[Items from a data source]
»»
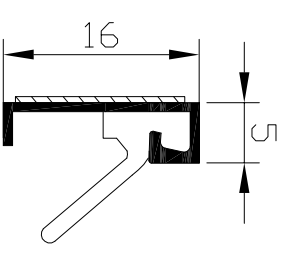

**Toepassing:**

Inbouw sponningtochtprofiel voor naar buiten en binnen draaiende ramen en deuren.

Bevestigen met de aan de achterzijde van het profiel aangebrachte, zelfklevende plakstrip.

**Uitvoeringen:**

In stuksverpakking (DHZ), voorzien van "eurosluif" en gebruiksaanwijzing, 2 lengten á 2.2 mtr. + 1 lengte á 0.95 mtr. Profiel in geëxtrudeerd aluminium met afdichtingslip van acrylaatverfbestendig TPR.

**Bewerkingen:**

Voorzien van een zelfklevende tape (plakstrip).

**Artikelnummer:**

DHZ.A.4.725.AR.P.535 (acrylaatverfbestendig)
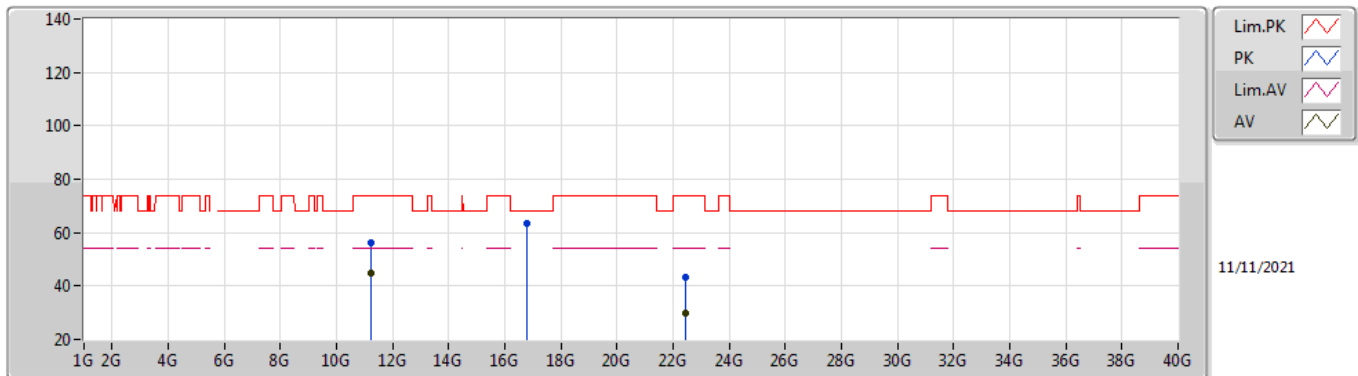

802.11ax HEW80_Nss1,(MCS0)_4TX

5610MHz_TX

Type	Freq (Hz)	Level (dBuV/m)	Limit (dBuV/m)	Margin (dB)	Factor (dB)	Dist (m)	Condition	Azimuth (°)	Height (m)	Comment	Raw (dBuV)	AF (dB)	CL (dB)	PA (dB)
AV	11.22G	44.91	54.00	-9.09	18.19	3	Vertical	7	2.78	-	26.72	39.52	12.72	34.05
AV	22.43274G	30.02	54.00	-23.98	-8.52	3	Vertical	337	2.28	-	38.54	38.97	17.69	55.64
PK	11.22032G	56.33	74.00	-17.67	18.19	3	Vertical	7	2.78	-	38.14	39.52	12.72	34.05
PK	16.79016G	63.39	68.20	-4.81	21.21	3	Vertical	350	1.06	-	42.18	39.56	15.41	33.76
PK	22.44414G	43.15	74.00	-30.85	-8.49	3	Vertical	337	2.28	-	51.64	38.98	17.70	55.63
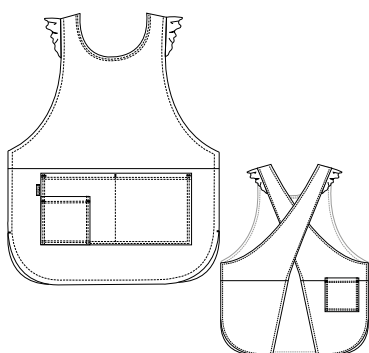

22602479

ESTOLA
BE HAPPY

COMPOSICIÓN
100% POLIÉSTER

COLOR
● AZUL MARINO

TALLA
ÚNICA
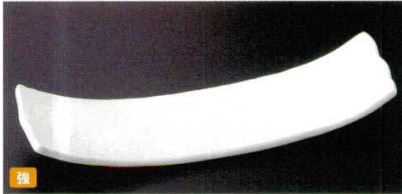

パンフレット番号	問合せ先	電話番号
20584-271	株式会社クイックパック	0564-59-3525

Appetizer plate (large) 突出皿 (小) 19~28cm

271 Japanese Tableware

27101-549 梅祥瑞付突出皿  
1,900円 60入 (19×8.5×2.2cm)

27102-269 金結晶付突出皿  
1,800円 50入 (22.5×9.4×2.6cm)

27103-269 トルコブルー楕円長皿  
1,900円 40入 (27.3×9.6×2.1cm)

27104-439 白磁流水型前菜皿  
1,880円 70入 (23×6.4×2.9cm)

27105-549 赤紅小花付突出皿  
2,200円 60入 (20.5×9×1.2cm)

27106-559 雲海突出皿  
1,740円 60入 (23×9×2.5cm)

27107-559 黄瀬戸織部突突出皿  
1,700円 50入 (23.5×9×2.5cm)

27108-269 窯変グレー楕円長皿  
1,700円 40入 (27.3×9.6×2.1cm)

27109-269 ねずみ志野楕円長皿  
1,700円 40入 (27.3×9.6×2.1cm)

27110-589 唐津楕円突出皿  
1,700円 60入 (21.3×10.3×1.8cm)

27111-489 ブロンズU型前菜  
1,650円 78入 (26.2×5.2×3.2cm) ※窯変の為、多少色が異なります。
««
»»
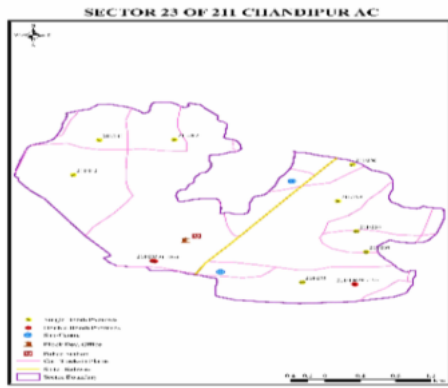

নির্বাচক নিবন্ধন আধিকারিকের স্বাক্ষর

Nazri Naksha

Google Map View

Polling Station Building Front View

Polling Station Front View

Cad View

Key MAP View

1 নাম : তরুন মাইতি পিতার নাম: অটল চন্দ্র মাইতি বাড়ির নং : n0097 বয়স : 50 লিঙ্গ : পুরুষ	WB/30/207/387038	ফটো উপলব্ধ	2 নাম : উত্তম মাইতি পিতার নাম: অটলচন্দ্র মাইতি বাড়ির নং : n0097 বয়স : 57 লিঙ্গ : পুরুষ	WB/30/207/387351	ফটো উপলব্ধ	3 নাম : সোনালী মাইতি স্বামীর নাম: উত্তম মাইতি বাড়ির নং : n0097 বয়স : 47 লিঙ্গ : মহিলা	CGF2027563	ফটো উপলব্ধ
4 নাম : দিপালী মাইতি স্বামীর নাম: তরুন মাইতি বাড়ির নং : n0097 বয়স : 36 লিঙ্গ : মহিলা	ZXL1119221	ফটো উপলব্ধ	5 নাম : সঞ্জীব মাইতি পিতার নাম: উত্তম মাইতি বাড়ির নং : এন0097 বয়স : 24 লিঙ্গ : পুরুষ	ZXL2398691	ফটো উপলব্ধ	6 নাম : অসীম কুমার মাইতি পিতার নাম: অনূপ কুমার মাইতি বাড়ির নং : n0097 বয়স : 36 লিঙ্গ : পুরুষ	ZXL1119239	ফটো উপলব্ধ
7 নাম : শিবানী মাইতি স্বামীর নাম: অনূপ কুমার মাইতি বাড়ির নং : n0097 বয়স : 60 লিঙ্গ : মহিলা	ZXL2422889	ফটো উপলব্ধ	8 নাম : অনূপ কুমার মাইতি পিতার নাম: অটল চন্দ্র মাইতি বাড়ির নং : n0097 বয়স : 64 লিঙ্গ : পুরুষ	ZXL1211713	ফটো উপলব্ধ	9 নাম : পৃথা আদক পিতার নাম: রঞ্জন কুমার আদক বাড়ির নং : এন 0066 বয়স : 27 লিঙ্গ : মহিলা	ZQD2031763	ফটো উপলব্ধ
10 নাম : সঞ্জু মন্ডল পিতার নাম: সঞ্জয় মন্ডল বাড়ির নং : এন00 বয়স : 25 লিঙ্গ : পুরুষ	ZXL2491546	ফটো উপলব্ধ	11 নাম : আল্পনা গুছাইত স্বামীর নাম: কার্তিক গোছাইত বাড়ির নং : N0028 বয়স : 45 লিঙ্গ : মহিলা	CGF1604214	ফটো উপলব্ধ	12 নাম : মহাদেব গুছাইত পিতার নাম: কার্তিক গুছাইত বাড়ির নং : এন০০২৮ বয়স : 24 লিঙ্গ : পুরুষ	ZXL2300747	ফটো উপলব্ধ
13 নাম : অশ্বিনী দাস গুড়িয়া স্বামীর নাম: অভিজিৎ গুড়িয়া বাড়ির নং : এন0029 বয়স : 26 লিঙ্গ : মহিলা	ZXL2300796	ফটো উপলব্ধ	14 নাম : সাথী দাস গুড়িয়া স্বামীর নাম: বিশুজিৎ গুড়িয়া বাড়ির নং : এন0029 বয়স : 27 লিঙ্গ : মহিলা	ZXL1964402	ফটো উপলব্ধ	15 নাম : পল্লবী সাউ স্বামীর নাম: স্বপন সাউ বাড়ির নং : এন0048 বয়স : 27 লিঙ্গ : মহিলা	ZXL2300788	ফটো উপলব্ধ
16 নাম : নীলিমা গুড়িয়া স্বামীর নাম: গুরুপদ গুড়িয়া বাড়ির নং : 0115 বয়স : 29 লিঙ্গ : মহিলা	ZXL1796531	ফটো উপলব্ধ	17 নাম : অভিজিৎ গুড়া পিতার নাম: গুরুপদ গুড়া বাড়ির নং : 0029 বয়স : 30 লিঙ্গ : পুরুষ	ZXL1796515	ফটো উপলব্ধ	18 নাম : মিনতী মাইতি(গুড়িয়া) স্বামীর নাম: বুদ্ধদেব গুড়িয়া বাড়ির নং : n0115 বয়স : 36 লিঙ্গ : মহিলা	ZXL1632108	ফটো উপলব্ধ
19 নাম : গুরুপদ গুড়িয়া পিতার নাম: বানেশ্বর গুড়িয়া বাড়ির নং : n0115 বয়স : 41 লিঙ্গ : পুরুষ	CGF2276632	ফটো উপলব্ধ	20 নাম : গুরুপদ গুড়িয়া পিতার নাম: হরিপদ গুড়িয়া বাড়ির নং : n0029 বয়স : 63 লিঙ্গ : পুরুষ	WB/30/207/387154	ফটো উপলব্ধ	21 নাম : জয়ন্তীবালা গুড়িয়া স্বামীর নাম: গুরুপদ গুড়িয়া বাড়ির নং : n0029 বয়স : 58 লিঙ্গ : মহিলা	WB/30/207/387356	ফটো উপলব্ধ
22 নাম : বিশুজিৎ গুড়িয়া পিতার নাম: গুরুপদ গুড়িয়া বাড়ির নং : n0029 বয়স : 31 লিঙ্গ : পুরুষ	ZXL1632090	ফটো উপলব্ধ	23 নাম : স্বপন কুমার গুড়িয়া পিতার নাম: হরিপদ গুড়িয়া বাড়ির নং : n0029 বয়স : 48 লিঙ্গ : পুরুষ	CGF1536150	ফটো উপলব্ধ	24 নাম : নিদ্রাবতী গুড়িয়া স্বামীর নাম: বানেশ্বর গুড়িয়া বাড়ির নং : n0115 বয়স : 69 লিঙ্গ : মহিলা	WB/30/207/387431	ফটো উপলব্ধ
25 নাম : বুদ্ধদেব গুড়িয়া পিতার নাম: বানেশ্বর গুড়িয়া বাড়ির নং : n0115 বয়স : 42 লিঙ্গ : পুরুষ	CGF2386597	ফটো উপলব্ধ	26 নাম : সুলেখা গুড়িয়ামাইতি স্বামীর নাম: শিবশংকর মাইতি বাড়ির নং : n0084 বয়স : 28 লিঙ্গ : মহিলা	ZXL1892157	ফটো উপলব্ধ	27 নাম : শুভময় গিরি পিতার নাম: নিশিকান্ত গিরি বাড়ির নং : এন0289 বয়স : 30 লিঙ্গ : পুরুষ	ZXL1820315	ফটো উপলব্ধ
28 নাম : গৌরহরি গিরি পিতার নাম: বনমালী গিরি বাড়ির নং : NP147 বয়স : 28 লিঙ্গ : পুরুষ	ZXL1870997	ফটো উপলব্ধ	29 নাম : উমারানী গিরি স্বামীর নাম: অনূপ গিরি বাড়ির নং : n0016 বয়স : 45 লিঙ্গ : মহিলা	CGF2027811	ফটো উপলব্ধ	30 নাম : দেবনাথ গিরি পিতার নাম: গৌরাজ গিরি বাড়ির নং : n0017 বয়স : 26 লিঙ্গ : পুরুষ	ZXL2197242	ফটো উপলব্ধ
««
> **Task instructions**: All lines above between those holding "1,880円 70入 (23×6.4×2.9cm)" and "1,650円 78入 (26.2×5.2×3.2cm) ※窯変の為、多少色が異なります。", inclusive, must be set down unchanged, and no other line may be included.

> **Worked solution**:
1,880円 70入 (23×6.4×2.9cm)

27105-549 赤紅小花付突出皿  
2,200円 60入 (20.5×9×1.2cm)

27106-559 雲海突出皿  
1,740円 60入 (23×9×2.5cm)

27107-559 黄瀬戸織部突突出皿  
1,700円 50入 (23.5×9×2.5cm)

27108-269 窯変グレー楕円長皿  
1,700円 40入 (27.3×9.6×2.1cm)

27109-269 ねずみ志野楕円長皿  
1,700円 40入 (27.3×9.6×2.1cm)

27110-589 唐津楕円突出皿  
1,700円 60入 (21.3×10.3×1.8cm)

27111-489 ブロンズU型前菜  
1,650円 78入 (26.2×5.2×3.2cm) ※窯変の為、多少色が異なります。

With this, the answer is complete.